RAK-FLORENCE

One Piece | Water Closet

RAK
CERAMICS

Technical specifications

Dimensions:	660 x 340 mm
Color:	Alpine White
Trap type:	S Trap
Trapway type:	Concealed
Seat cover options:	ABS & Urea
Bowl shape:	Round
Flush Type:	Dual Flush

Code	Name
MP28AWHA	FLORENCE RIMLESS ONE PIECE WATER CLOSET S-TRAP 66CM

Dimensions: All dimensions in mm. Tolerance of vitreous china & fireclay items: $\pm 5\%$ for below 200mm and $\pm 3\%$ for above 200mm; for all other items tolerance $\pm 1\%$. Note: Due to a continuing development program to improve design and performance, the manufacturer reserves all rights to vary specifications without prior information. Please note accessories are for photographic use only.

==============================

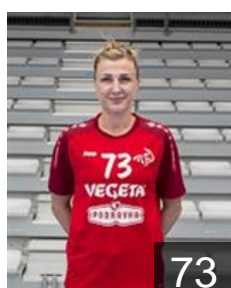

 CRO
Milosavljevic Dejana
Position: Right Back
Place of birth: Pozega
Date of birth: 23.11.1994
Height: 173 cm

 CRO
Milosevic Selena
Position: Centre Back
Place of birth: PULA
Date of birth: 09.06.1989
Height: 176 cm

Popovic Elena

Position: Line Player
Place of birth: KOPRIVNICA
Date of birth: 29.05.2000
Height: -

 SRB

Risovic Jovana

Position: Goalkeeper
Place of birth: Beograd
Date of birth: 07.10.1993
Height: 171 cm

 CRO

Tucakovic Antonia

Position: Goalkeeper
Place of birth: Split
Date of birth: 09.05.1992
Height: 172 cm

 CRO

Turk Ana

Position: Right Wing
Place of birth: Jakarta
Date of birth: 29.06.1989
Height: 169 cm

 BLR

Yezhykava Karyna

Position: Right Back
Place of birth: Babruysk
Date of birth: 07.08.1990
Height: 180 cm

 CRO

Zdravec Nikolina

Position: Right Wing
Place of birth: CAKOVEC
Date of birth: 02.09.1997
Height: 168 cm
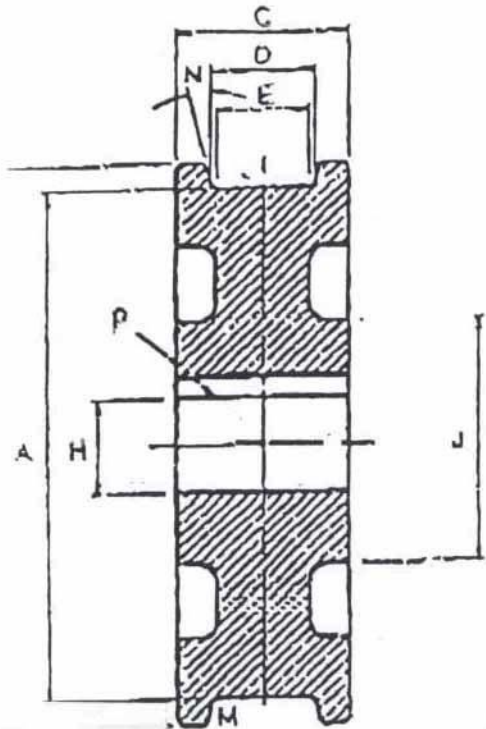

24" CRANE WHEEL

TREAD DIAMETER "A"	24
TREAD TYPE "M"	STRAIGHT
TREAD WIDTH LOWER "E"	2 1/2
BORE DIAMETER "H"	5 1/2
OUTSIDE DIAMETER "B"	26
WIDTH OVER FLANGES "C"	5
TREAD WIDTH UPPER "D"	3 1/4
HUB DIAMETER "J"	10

==============================

- Task item
Tally the lines in the listing that contain the string "DIAMETER", then report that tally alone.

- Final answer
4